A few places I’ve cried:
While getting my haircut
While ordering Jimmy John’s at the drive-thru window
At my first — and only — Coldplay concert
At my brother’s graduation
Every year on my birthday
When I found out Santa wasn’t real (I was eleven)
At several piano recitals
While performing at a choir concert
Every single school bathroom
I have always been like this. Ever since I can remember I have cried at any and every emotion. I cry when I’m happy, I cry when I’m sad, I cry when I’m confused, I cry when I feel any sort of emotion you can imagine. When I cry, people act as though it’s this huge debacle where they have to either pay too much attention to me (to the extent of making it worse) or they feel the need to uncomfortably ignore me altogether. It’s usually the latter of the two, and it’s the worst.

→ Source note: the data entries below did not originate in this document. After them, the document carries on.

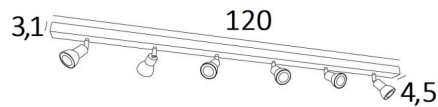

## CALLISTO 6

CALLISTO 6 in structured white. Metal finish code : 01

**CALLISTO 6** is a ceiling light with six spots, divided on a rectangular base

This ceiling light is sober, easy to install and essential to add more light to your interior. To increase its efficiency, there are GU10 bulbs of very high power and dimmable on the market

The originality of the **CALLISTO** spotlight is its sober and very modern design, which completely surrounds the fitting and the GU10 bulb. Mounted on a ball joint, he can be moved in all directions

This spotlight is available in a beautiful range of seven models with one to six spots distributed on round, square or rectangular bases

### OVERALL SIZES

L120 x 4,5cm H8,5→13,5cm

### BASE

120 x 4,5 x 3,1cm
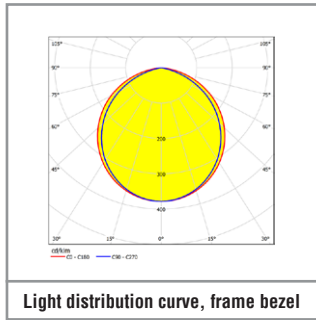

SICURO LED **DECENTRAL SUPPLY**

Sicuro24 Order code	LED 	$\Phi=$ 	P=
Recessed step mounting¹			
32031	3	29 lm (lamella bezel) 133 lm (frame bezel)	4.3 W

SICURO LED **CENTRAL SUPPLY**

Sicuro230 Order code	LED 	$\Phi=$ 	S~ 	P=
Recessed step mounting¹				
31031	3	29 lm (lamella bezel) 133 lm (frame bezel)	8.9 VA / 4.5 W	

¹ Recessed step mounting massive and hollow possible.

Included in scope of delivery	
Order code	Description
-	Recessed mounting set for massive steps
-	Recessed mounting set for hollow steps
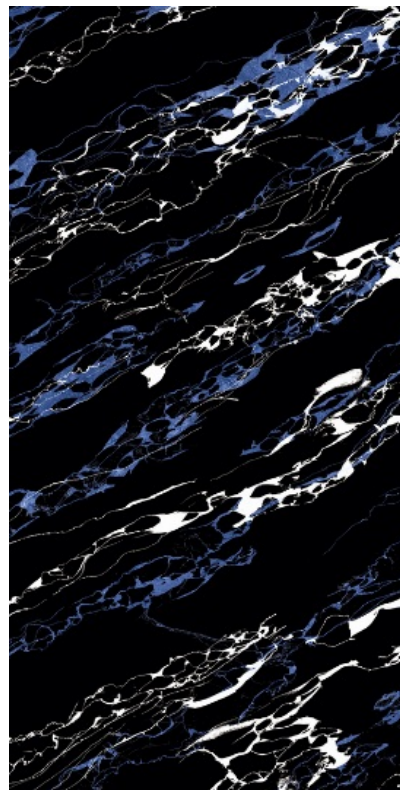

SURFACE : High Glossy

4

RANDOM

ZEBRA AZUL

SIZE : 600 X 1200 MM

THICKNESS : 8.5 MM

SURFACE : High Glossy

4

RANDOM

ZEBRA YELLOW

SIZE : 600 X 1200 MM

THICKNESS : 8.5 MM

SURFACE : High Glossy

4

RANDOM

ZEBRA YELLOW

I wish people knew that my response of crying isn’t a sign of something wrong with me. You’d be surprised at how often I hear this one: “What do you think is wrong with her?” Nothing is wrong with me, but instead of blushing, sweating, or fidgeting in some situations, I cry. I’ve cried so many times in school that it becomes less a question of which days I have cried in school, and more a question of which days I haven’t cried in school. This is not something I’m proud of, but for years, I was so embarrassed by crying in school. I knew that everyone who saw me was thinking something about me. Thinking there was something wrong with me, thinking I was less, thinking I couldn’t handle things, and wondering why this happens so often.

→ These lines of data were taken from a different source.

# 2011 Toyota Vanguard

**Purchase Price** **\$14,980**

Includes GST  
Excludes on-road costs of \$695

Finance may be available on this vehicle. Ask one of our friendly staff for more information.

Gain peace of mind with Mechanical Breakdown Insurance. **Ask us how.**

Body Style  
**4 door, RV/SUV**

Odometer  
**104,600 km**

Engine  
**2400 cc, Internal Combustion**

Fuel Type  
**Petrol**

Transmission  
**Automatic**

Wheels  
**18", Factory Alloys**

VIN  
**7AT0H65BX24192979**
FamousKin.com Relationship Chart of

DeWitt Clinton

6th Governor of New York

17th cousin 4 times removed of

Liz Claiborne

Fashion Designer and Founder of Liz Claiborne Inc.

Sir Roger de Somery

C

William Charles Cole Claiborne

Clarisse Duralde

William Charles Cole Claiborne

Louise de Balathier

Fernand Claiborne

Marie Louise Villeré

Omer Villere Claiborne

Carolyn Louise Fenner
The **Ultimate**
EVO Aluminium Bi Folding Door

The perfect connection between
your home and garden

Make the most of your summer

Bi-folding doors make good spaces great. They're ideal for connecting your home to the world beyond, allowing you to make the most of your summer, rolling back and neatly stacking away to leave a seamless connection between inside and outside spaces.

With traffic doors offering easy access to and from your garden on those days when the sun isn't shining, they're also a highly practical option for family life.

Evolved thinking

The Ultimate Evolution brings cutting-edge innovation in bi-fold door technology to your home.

So many of my days have been spent looking red, puffy faced, and with blurred sight. With all the tears I’ve cried, I could easily fill a small lake. I couldn’t change if I tried. I just cry. I was so afraid that people wouldn’t want to be my friend because of the preconceived notions brought about by seeing me cry so frequently. I was afraid that guys would never like me because even if I was laid-back in other aspects of my personality, no one would like to be around such a seemingly high-maintenance person. Many times that has been true. People let their thoughts about my mental state deter them from pursuing a friendship with me.

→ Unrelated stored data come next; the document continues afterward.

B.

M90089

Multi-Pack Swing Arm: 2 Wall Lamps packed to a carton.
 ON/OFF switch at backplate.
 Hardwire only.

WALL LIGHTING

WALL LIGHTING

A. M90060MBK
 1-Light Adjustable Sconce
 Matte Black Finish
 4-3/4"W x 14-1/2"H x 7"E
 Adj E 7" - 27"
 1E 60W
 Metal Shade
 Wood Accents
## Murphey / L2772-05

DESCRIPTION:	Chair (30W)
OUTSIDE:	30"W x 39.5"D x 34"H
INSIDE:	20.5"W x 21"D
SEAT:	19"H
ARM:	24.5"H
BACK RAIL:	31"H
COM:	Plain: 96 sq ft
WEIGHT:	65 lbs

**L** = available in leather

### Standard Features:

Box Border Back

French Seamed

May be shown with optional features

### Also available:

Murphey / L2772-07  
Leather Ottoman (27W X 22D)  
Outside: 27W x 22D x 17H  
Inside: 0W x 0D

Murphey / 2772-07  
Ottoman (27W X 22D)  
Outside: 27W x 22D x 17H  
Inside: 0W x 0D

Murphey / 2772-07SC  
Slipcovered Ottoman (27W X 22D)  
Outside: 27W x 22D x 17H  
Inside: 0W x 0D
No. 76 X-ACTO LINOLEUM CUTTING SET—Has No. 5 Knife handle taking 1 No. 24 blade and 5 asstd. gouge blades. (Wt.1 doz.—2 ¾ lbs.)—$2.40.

Even worse than the friendships that never happened are the other people who I’ve watched cry nearly as frequently as I do and receive endless sympathy, not to mention the people who thought that the tears that constantly frequented the face’s of their friends were funny. I wanted nothing more than to be those people. The person who could be accepted even when their tears seemed overdramatic for the uneventful situation of just being sad that their tea went cold. I wanted people to laugh at my tears and to subsequently make me laugh. I wanted the friendship where I was both novelty and valuable.
Throughout the embarrassment of crying everywhere and the jealousy for those who could be valued for tears, I’ve realized a few things. One: crying is a good emotional release whether or not it is necessarily justified, and even if I don’t look so mentally stable while doing it, it always makes me feel saner. Two: nobody quite knows what to do if someone is reacting to something in a way they don’t recognize. I can’t get mad at those who make me feel worse when I’m crying; they’re trying to figure out what to do just as much as I am. Three: being open about your emotions with friends is a gateway leading to stronger friendships where you can be both humorous and serious when you cry.
I’ll probably always be the person who cries at the drop of a hat, but it’s just the way I respond to things. Some people blush, some people sweat, some people fidget, and I cry. And that is just fine.